Collected data entries
____________
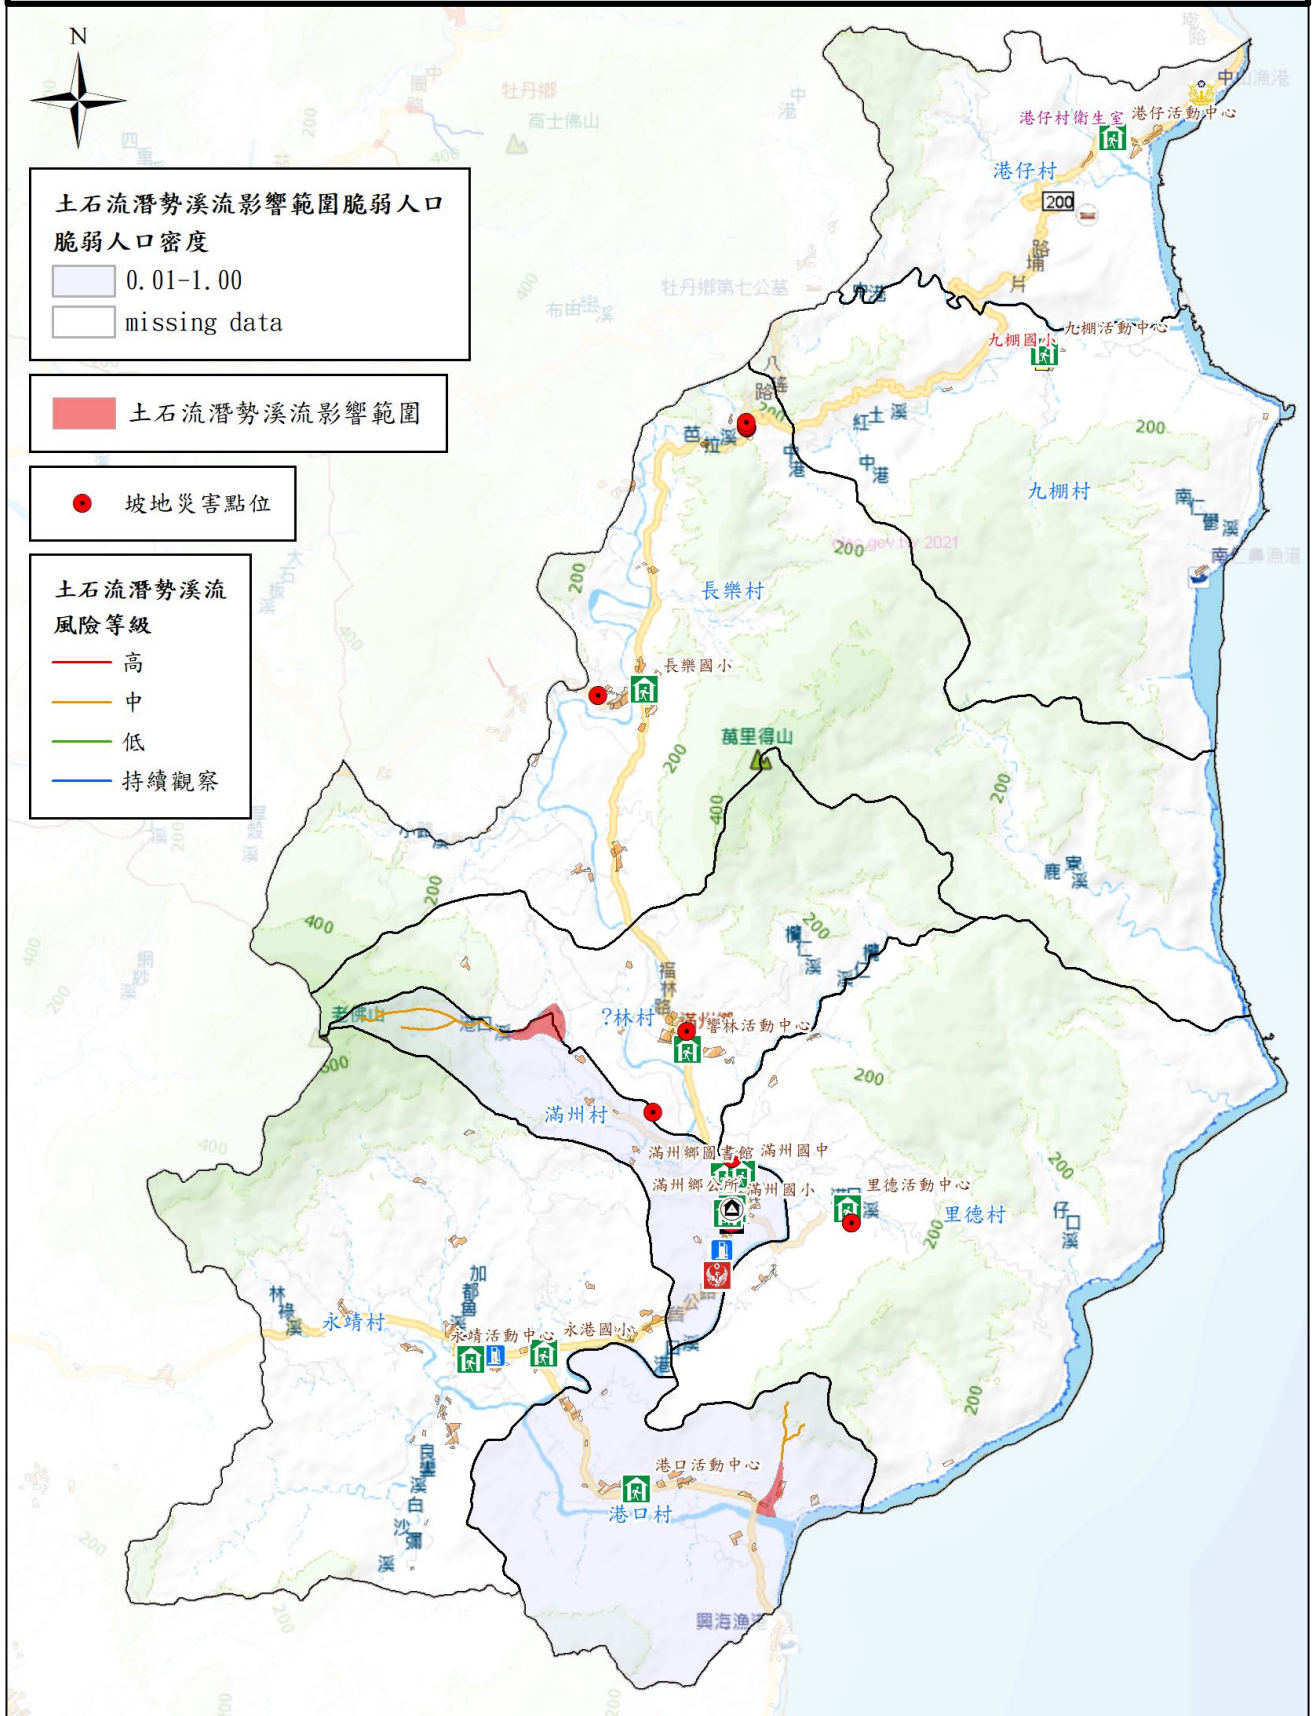

# 屏東縣滿洲鄉防救災社服資源圖8-8

警察單位		建築物		超商	
消防單位		公所、衛生所(室)		超市	
避難處所		學校		加油站	
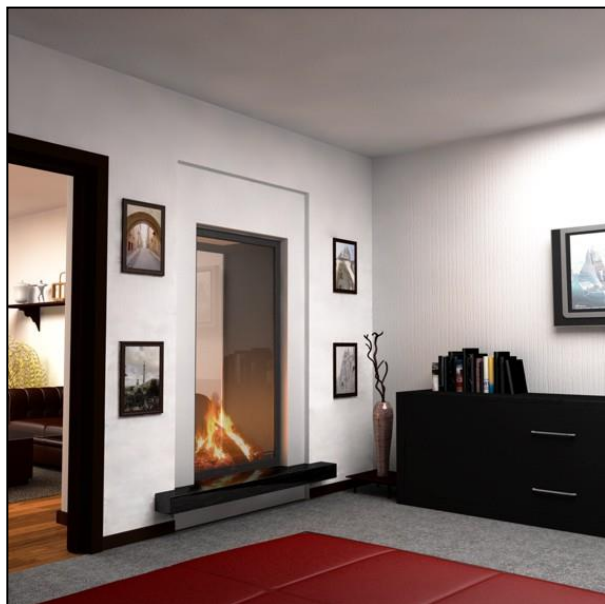

Камин получил своё название в честь прекрасного водопада "Leavitt", который находится в Национальном Лесу Humboldt-Toiyabe. Водопад берет свое начало из ручья Leavitt и проходит через крутой каньон. Высота водопада составляет более 91 метра.

! Дымоход, отделочные материалы* и монтажные работы в стоимость камина не входят. Варианты комплектации и цветового решения не окончательные. Вы можете оформить камин по своему вкусу, в соответствии с интерьером помещения, в котором он будет находиться. Стоимость облицовки дана с учетом типовых размеров. Размеры могут быть изменены. Любые изменения типовой модели камина влекут за собой изменение его стоимости.

! В стоимость данной модели камина входит топка открытого типа. Камин может также комплектоваться топкой закрытого типа (стоимость уточняйте у менеджера Компании).

! Диаметр дымохода может меняться в зависимости от технических параметров топки и высоты дымохода**.

VIRTU Leavitt

Технические параметры

Высота/ Ширина/ Глубина, мм	2600/ 790/ 590
Диаметр дымохода, мм	**230-280
Расположение	встроенное (сквозное)
Топливо	дрова

Оформление и комплектация

Материал	металл черного цвета, стекло, *мрамор, *гипсокартон
Комплектация	топка VB-2A, пеплосборник, огнеупорная вставка, колосниковая пластина, универсальный шибер
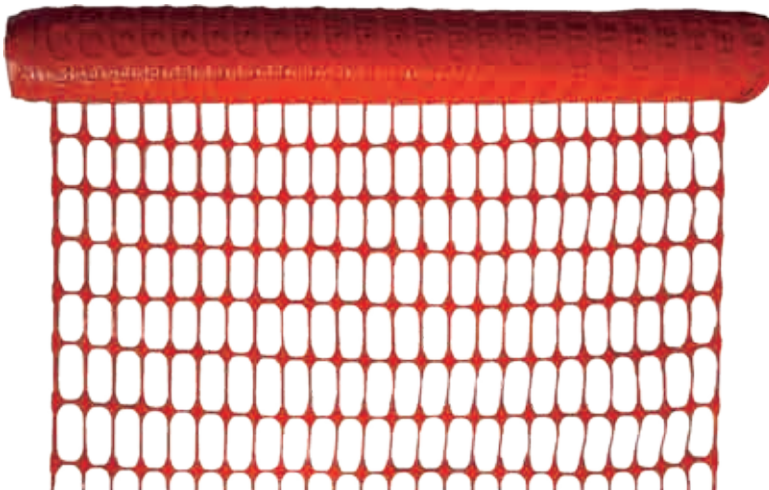

Abdecknetz perfekt für PKW-Anhänger und Pritschen

Optimal für die Sicherung von sperrigen Gegenständen und losem Ladegut auf PKW-Anhängern und Pritschen.

- Befestigung mit umlaufendem Gummiband
- Knotenlose Verarbeitung
- Maschenweite 45 mm
- Aus Polypropylen in grün

Baustellen-Fangzaun extra reißfest und strapazierfähig

Vielseitig einsetzbar an Baustellen und kurzzeitigen Absperrungen.

- Aus starkem HDPE-Kunststoff
- UV-resistent
- Höhe 1.000 mm, Maschenweite 40 x 80 mm
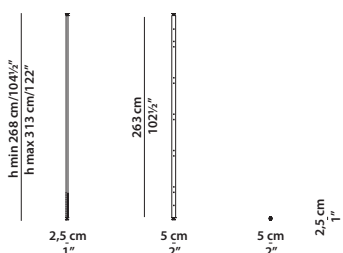

***Si consiglia di allegare all'ordine un disegno della composizione richiesta.**

***We recommend sending a technical drawing of the composition required along with the order.**

2,5 x 5 h225/270

Montante terminale a soffitto.
Ceiling terminal upright.

Possibilità di disporre in altezza massimo 4 mensole.
It is possible to put a maximum of 4 shelves in height.

2,5 x 5 h225/270

Montante centrale a soffitto.
Ceiling central upright.

Possibilità di disporre in altezza massimo 4 mensole.
It is possible to put a maximum of 4 shelves in height.

2,5 x 5 h268/313

Montante terminale a soffitto.
Ceiling terminal upright.

Possibilità di disporre in altezza massimo 5 mensole.
It is possible to put a maximum of 5 shelves in height.

2,5 x 5 h268/313

Montante centrale a soffitto.
Ceiling central upright.

Possibilità di disporre in altezza massimo 5 mensole.
It is possible to put a maximum of 5 shelves in height.

2,5 x 5 h298/343

Montante terminale a soffitto.
Ceiling terminal upright.

Possibilità di disporre in altezza massimo 6 mensole.
It is possible to put a maximum of 6 shelves in height.
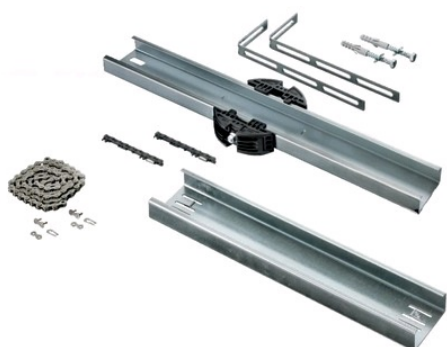

# Rallonge de rail pour moteur PRO+

SOMMER

Page 477 du catalogue Batifer

## Descriptif détaillé

Kit rallonge de rail 543 mm.  
Rail de roulement MS 1,25 mm galvanisé.  
Matériel de montage inclus.
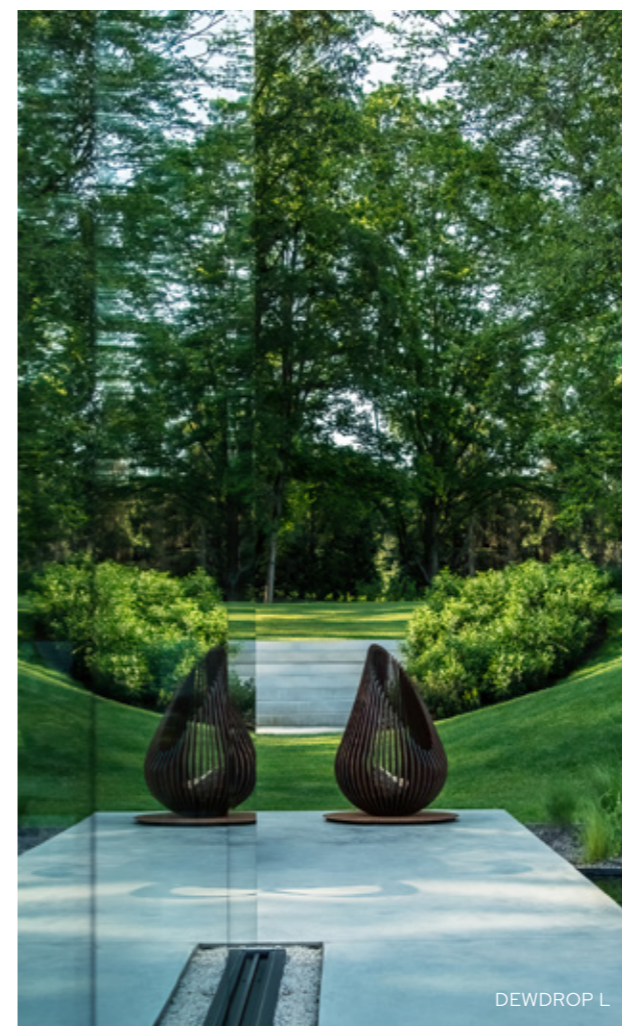

DEWDROP L

Onderhoud

De Glowbus® Dewdrop vereist bijna geen onderhoud. Het enige wat we aanraden, is dat je regelmatig de assen verwijdert wanneer je het vuursculptuur gedurende langere periode niet meer gebruikt.

Weerbestendigheid

De Glowbus® Dewdrop is perfect gewapend tegen de meest extreme natuurelementen. Temperaturen van -1.000°C tot 1.000°C zijn geen enkel probleem en dankzij zijn robuuste vorm en gewicht kan hij perfect tegen rukwinden tot 200 km/u.
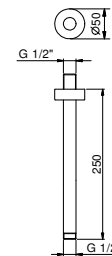

OPTIONNEL: Partie encastrée pour placoplâtre

W046

91 00 W046
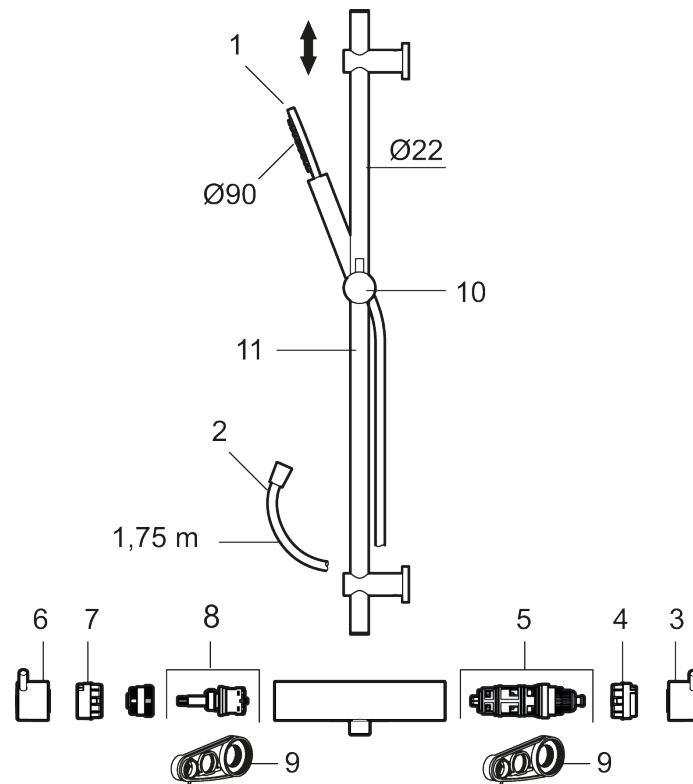

PRODUKTBESKRIVNING

INXX II shower kit

Med en tålig mattvit nyans förenar INXX II klassisk design med en hög prestanda och erbjuder en jämn temperatur, hög komfort och ett starkt skydd mot skållning. Blandaren är testad och godkänd utifrån de byggregler som finns och är energieffektiv, vilket innebär att den ger en lägre vatten- och energiförbrukning utan att ge avkall på komforten. INXX II är serien som erbjuder en vattenupplevelse i världsklass.

Om serien

INXX II är en elegant och tidlös serie i en palett av noga utvalda nyanser. Kombinationen av hög kvalitet, sober design och skön komfort gör den till den ultimata serien.

Art.nr: 271600.22

RSK: 8283079

Reservdelslista

NR.	ART.NR	RSK	BESKRIVNING
1	209575	8275496	Handdusch, krom
1	209575.12	8275497	Handdusch, mattsvart
1	209575.22	8275498	Handdusch, mattvit
1	209575.44	8275499	Handdusch, mattgrå
1	209575.60	8275500	Handdusch, polerad mässing PVD
1	209575.62	8275501	Handdusch, borstad mässing PVD
2	131170.AE	8251927	Metallomspunnen duschslang 1750 mm, krom
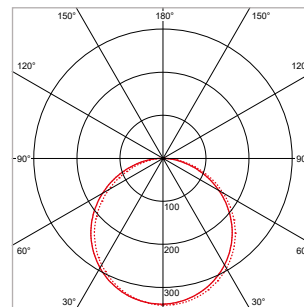

PRO-CEILING - RECHTHOEKIG - OPBOUW - IP40 - 300 x 600 x H 48 mm - WIT

VERSIE	LICHTKLEUR	CRI	LICHTSTROOM	VERMOGEN	DRIVER	ART.NR.	PRIJS	VOORRAAD
Standaard	3000 K	Ra >80	2.280 lm	30 W	Aan / Uit	40003170	€ 127,00	☺
Standaard	4200 K	Ra >80	2.450 lm	30 W	Aan / Uit	40003171	€ 127,00	☺
Dimbaar	3000 K	Ra >80	2.280 lm	30 W	Fase-Afsnijding	40003175	€ 144,00	-
Dimbaar	4200 K	Ra >80	2.450 lm	30 W	Fase-Afsnijding	40003176	€ 144,00	-

PRO-CEILING - RECHTHOEKIG - OPBOUW - IP40 - 300 x 600 x H 48 mm - ZWART

VERSIE	LICHTKLEUR	CRI	LICHTSTROOM	VERMOGEN	DRIVER	ART.NR.	PRIJS	VOORRAAD
Standaard	3000 K	Ra >80	1.990 lm	30 W	Aan / Uit	40003270	€ 127,00	-
Standaard	4200 K	Ra >80	2.140 lm	30 W	Aan / Uit	40003271	€ 127,00	-
Dimbaar	3000 K	Ra >80	1.990 lm	30 W	Fase-Afsnijding	40003275	€ 144,00	-
Dimbaar	4200 K	Ra >80	2.140 lm	30 W	Fase-Afsnijding	40003276	€ 144,00	-
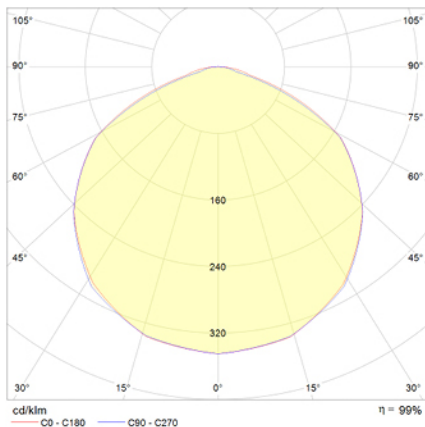

Ficha técnica

Alumbrado de Emergencia

Ref. VSS3

UNE 60598-2-22
230V 50/60HZ

Alumbrado de Emergencia: VÍA LED. Referencia: VSS3, fabricado por Normalux. Lúmenes: 210 lm. Autonomía (h): 3 h. Modo de funcionamiento: Permanente - No Permanente. Tipo de instalación: Empotrable. Fuente de Luz: Led. Batería de: Ni-Cd 3,6V/1,5Ah. IP: 65. IK: 04. Versión: Estándar. Acabado: Blanco. Carcasa de: Zamak. Voltaje: 230V 50/60Hz. Dimensiones (mm): 78 x 78 x 56 mm. Manufacturado según la normativa UNE 60598-2-22.

Lúmenes	210 lm
Temperatura de color (K)	5700
Fuente de Luz	Led
Autonomía (h)	3h
Batería	Ni-Cd 3,6V/1,5Ah
Potencia (W)	3,6W
Modo de funcionamiento	Permanente - No Permanente
Clase	II
IP	65
IK	04

Datos fotométricos:

Dimensiones (mm):
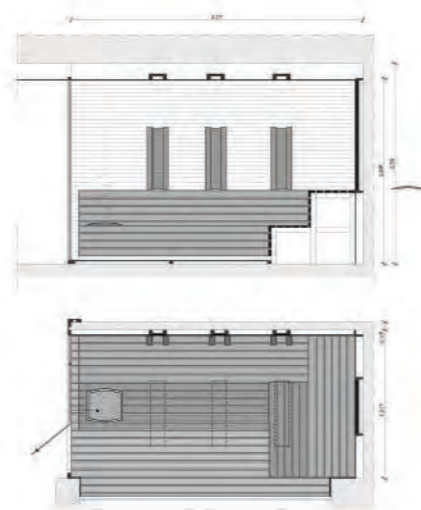

_ Prémiová kombinovaná sauna s panoramou

Fínska saunová pec v kombinovanej saune zabudovaná do lavice zapadá do dizajnu prostredia. Efekt infrasauny sa vylepšuje so sklápacími infra panelmi. Účinok himalájskej soľnej terapie na zdravie sa dá užívať pri infrasaunovaní i pri užívaní fínskej sauny.
____________
Print the records again exactly. Skip every picture.

OUTPUT OF THE EXERCISE:
# 屏東縣滿洲鄉防救災社服資源圖8-8

警察單位		建築物		超商	
消防單位		公所、衛生所(室)		超市	
避難處所		學校		加油站	

Камин получил своё название в честь прекрасного водопада "Leavitt", который находится в Национальном Лесу Humboldt-Toiyabe. Водопад берет свое начало из ручья Leavitt и проходит через крутой каньон. Высота водопада составляет более 91 метра.

! Дымоход, отделочные материалы* и монтажные работы в стоимость камина не входят. Варианты комплектации и цветового решения не окончательные. Вы можете оформить камин по своему вкусу, в соответствии с интерьером помещения, в котором он будет находиться. Стоимость облицовки дана с учетом типовых размеров. Размеры могут быть изменены. Любые изменения типовой модели камина влекут за собой изменение его стоимости.

! В стоимость данной модели камина входит топка открытого типа. Камин может также комплектоваться топкой закрытого типа (стоимость уточняйте у менеджера Компании).

! Диаметр дымохода может меняться в зависимости от технических параметров топки и высоты дымохода**.

VIRTU Leavitt

Технические параметры

Высота/ Ширина/ Глубина, мм	2600/ 790/ 590
Диаметр дымохода, мм	**230-280
Расположение	встроенное (сквозное)
Топливо	дрова

Оформление и комплектация

Материал	металл черного цвета, стекло, *мрамор, *гипсокартон
Комплектация	топка VB-2A, пеплосборник, огнеупорная вставка, колосниковая пластина, универсальный шибер

Abdecknetz perfekt für PKW-Anhänger und Pritschen

Optimal für die Sicherung von sperrigen Gegenständen und losem Ladegut auf PKW-Anhängern und Pritschen.

- Befestigung mit umlaufendem Gummiband
- Knotenlose Verarbeitung
- Maschenweite 45 mm
- Aus Polypropylen in grün

Baustellen-Fangzaun extra reißfest und strapazierfähig

Vielseitig einsetzbar an Baustellen und kurzzeitigen Absperrungen.

- Aus starkem HDPE-Kunststoff
- UV-resistent
- Höhe 1.000 mm, Maschenweite 40 x 80 mm

***Si consiglia di allegare all'ordine un disegno della composizione richiesta.**

***We recommend sending a technical drawing of the composition required along with the order.**

2,5 x 5 h225/270

Montante terminale a soffitto.
Ceiling terminal upright.

Possibilità di disporre in altezza massimo 4 mensole.
It is possible to put a maximum of 4 shelves in height.

2,5 x 5 h225/270

Montante centrale a soffitto.
Ceiling central upright.

Possibilità di disporre in altezza massimo 4 mensole.
It is possible to put a maximum of 4 shelves in height.

2,5 x 5 h268/313

Montante terminale a soffitto.
Ceiling terminal upright.

Possibilità di disporre in altezza massimo 5 mensole.
It is possible to put a maximum of 5 shelves in height.

2,5 x 5 h268/313

Montante centrale a soffitto.
Ceiling central upright.

Possibilità di disporre in altezza massimo 5 mensole.
It is possible to put a maximum of 5 shelves in height.

2,5 x 5 h298/343

Montante terminale a soffitto.
Ceiling terminal upright.

Possibilità di disporre in altezza massimo 6 mensole.
It is possible to put a maximum of 6 shelves in height.

# Rallonge de rail pour moteur PRO+

SOMMER

Page 477 du catalogue Batifer

## Descriptif détaillé

Kit rallonge de rail 543 mm.  
Rail de roulement MS 1,25 mm galvanisé.  
Matériel de montage inclus.

DEWDROP L

Onderhoud

De Glowbus® Dewdrop vereist bijna geen onderhoud. Het enige wat we aanraden, is dat je regelmatig de assen verwijdert wanneer je het vuursculptuur gedurende langere periode niet meer gebruikt.

Weerbestendigheid

De Glowbus® Dewdrop is perfect gewapend tegen de meest extreme natuurelementen. Temperaturen van -1.000°C tot 1.000°C zijn geen enkel probleem en dankzij zijn robuuste vorm en gewicht kan hij perfect tegen rukwinden tot 200 km/u.

OPTIONNEL: Partie encastrée pour placoplâtre

W046

91 00 W046

PRODUKTBESKRIVNING

INXX II shower kit

Med en tålig mattvit nyans förenar INXX II klassisk design med en hög prestanda och erbjuder en jämn temperatur, hög komfort och ett starkt skydd mot skållning. Blandaren är testad och godkänd utifrån de byggregler som finns och är energieffektiv, vilket innebär att den ger en lägre vatten- och energiförbrukning utan att ge avkall på komforten. INXX II är serien som erbjuder en vattenupplevelse i världsklass.

Om serien

INXX II är en elegant och tidlös serie i en palett av noga utvalda nyanser. Kombinationen av hög kvalitet, sober design och skön komfort gör den till den ultimata serien.

Art.nr: 271600.22

RSK: 8283079

Reservdelslista

NR.	ART.NR	RSK	BESKRIVNING
1	209575	8275496	Handdusch, krom
1	209575.12	8275497	Handdusch, mattsvart
1	209575.22	8275498	Handdusch, mattvit
1	209575.44	8275499	Handdusch, mattgrå
1	209575.60	8275500	Handdusch, polerad mässing PVD
1	209575.62	8275501	Handdusch, borstad mässing PVD
2	131170.AE	8251927	Metallomspunnen duschslang 1750 mm, krom

PRO-CEILING - RECHTHOEKIG - OPBOUW - IP40 - 300 x 600 x H 48 mm - WIT

VERSIE	LICHTKLEUR	CRI	LICHTSTROOM	VERMOGEN	DRIVER	ART.NR.	PRIJS	VOORRAAD
Standaard	3000 K	Ra >80	2.280 lm	30 W	Aan / Uit	40003170	€ 127,00	☺
Standaard	4200 K	Ra >80	2.450 lm	30 W	Aan / Uit	40003171	€ 127,00	☺
Dimbaar	3000 K	Ra >80	2.280 lm	30 W	Fase-Afsnijding	40003175	€ 144,00	-
Dimbaar	4200 K	Ra >80	2.450 lm	30 W	Fase-Afsnijding	40003176	€ 144,00	-

PRO-CEILING - RECHTHOEKIG - OPBOUW - IP40 - 300 x 600 x H 48 mm - ZWART

VERSIE	LICHTKLEUR	CRI	LICHTSTROOM	VERMOGEN	DRIVER	ART.NR.	PRIJS	VOORRAAD
Standaard	3000 K	Ra >80	1.990 lm	30 W	Aan / Uit	40003270	€ 127,00	-
Standaard	4200 K	Ra >80	2.140 lm	30 W	Aan / Uit	40003271	€ 127,00	-
Dimbaar	3000 K	Ra >80	1.990 lm	30 W	Fase-Afsnijding	40003275	€ 144,00	-
Dimbaar	4200 K	Ra >80	2.140 lm	30 W	Fase-Afsnijding	40003276	€ 144,00	-

Ficha técnica

Alumbrado de Emergencia

Ref. VSS3

UNE 60598-2-22
230V 50/60HZ

Alumbrado de Emergencia: VÍA LED. Referencia: VSS3, fabricado por Normalux. Lúmenes: 210 lm. Autonomía (h): 3 h. Modo de funcionamiento: Permanente - No Permanente. Tipo de instalación: Empotrable. Fuente de Luz: Led. Batería de: Ni-Cd 3,6V/1,5Ah. IP: 65. IK: 04. Versión: Estándar. Acabado: Blanco. Carcasa de: Zamak. Voltaje: 230V 50/60Hz. Dimensiones (mm): 78 x 78 x 56 mm. Manufacturado según la normativa UNE 60598-2-22.

Lúmenes	210 lm
Temperatura de color (K)	5700
Fuente de Luz	Led
Autonomía (h)	3h
Batería	Ni-Cd 3,6V/1,5Ah
Potencia (W)	3,6W
Modo de funcionamiento	Permanente - No Permanente
Clase	II
IP	65
IK	04

Datos fotométricos:

Dimensiones (mm):

_ Prémiová kombinovaná sauna s panoramou

Fínska saunová pec v kombinovanej saune zabudovaná do lavice zapadá do dizajnu prostredia. Efekt infrasauny sa vylepšuje so sklápacími infra panelmi. Účinok himalájskej soľnej terapie na zdravie sa dá užívať pri infrasaunovaní i pri užívaní fínskej sauny.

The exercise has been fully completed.